Despite being suitable for dynamic environments, these methods use all pixels in the image for pose estimation; therefore, projection errors caused by interference such as camera noise and illumination changes cannot be properly handled, and thus reliable localization results are often not consistently achieved. In addition, geometric structures can only determine the moving objects and not the moveable objects, such as people who keep things static in their environment. Therefore, it is necessary to introduce prior knowledge to infer the moveable objects.

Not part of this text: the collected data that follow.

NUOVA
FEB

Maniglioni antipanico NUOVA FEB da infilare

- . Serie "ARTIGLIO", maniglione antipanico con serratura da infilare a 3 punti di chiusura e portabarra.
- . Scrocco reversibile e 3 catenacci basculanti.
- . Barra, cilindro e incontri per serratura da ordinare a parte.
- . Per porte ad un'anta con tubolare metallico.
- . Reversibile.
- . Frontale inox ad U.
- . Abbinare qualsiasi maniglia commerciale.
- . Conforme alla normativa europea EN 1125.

With the prosperity of deep learning technologies, the feature-based VSLAM combined with deep-learning methods which can provide prior knowledge have developed rapidly to infer the dynamic objects with impressive performance [1518]. Yu et al. [15] employ SegNet to obtain the semantics and check the moving consistency, then optimize the localization by filtering keypoints on humans. Bescos et al. [16] combine multiview geometry models and Mask R-CNN for detecting dynamic objects and use the region growth algorithm to remove all the dynamic points in the mapping process to estimate static maps. Cheng et al. [17] jointly employ YOLO3, Faster R-CNN, and SSD detection models as the prior knowledge generation module, and then a Bayesian framework is applied to determine and discard dynamic regions.

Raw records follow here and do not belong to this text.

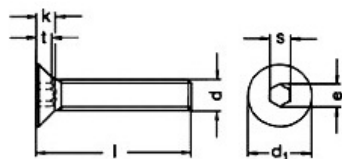

PRODUCT SHEET

Description:

Insex Screw, M6x25mm, Stainless Steel A2, DIN 7991, W/Hex

Item number:

12.04.301-0

Units	Box	Carton	HS Code	Barcode
Pcs.	200	3200	7318155290	 5704866440059

d	M 6
l	25
b	25
d1 max.	12
e	4,58
k max.	3,3
s	4
t	2,5
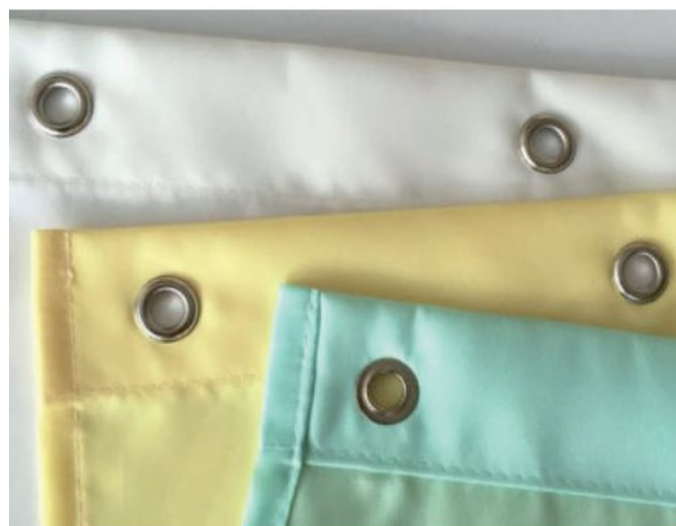

Rideau de douche, BA93WS120L

Série	Tringles et rails pour rideau de douche
Type	Rail pour rideau de douche et tringle de douche
Matière	blanc
Longueur cm	length-120 x 200 cm

Description du produit

Rideau de douche SECURIT Trevia CS largeur 1200 x hauteur 2000 mm, blanc 80 g/m² 100% polyester difficilement inflammable DIN 4102 B1 8 œillets métalliques inoxydables, dist. evn. 162mm avec bande d'alourdissement

Image du produit

Dessins techniques

Instructions de soins

Consulter notre site Internet bodenschatz.ch/fr-ch/service/conseils-generaux-de-nettoyage/

Pièces détachées et accessoires

BA90WS053	Anneau mat. Synthétique pour tringle de douch
BA91WS052	Anneau mat. Synthétique pour rail rideau de douche

2.2. VSLAM Problems in Dynamic Environments

In feature-based VSLAM systems, the interference caused by dynamic objects is multifaceted and mainly reflected in keypoints, descriptors, and geometric structures. Dynamic keypoints on the moving objects, lead to inaccurate landmarks of tracking. Meanwhile, because the patch-based descriptors are constructed by sampling neighboring points of an area [27], thus the descriptors will contain dynamic content when dynamic keypoints exist in the area, which is not conducive to feature matching and pose estimation. Finally, the dynamic keypoints destroy the consistency and cause conflicts in geometric structures, which directly reduce the accuracy of visual localization.

The essence of VSLAM problems in dynamic environments is observations; hence, we filter out unreliable observations to remove dynamic interference. As we discussed in Section 2.1, since the objects with high-dynamic probability easily cause pose estimation errors and trajectory tracking failures, we contend it is essential to use the deep learning networks to prior infer the moveable objects. However, the prediction results of the network are often inaccurate, hence the geometric structures cannot be ignored, which express the consistency of points. Figure 1 shows that dynamic keypoints can destroy the epipolar geometry constraints.

Compared with the methods mentioned in Section 2.1, our proposed method falls into the feature-based VSLAM combined with deep-learning methods and we describe the detailed characteristics in Section 3.

3. DIR-SLAM

3.1. Method Overview

ORB-SLAM2 [3] is the most used solution for visual localization and has shown excellent performance in most practical situations. However, in dynamic environments, it suffers a lot. Therefore, we propose a dynamic interference removal method (DIR), which is named DIR-SLAM. The flowchart of DIR-SLAM is shown in Figure 2.

Figure 3 illustrates the details of the DIR method. It contains the following four sections: (1) semantic part; (2) dynamic correlation region; (2) feature matching; (3) geometric consistency check module. In the semantic part, we design a lightweight semantic segmentation network to output the semantic labels, which are arranged according to the likelihood of movement from 0 (background) to 20 (person). Then, the semantic content is extended according to the dynamic correlation region and generates a segmented mask. The dynamic correlation region is defined in Section 3.3. We use the segmented mask to provide semantic weights. For feature matching, the keypoints are tracked between the current frame and the previous frame by optical flow [28] to generate initial feature matches. In the geometric consistency check module, the BA is computed first to reserve static keypoints which are consistent with the previous camera pose and then the epipolar geometry constraint with semantic weights is calculated to identify and reject the dynamic outliers.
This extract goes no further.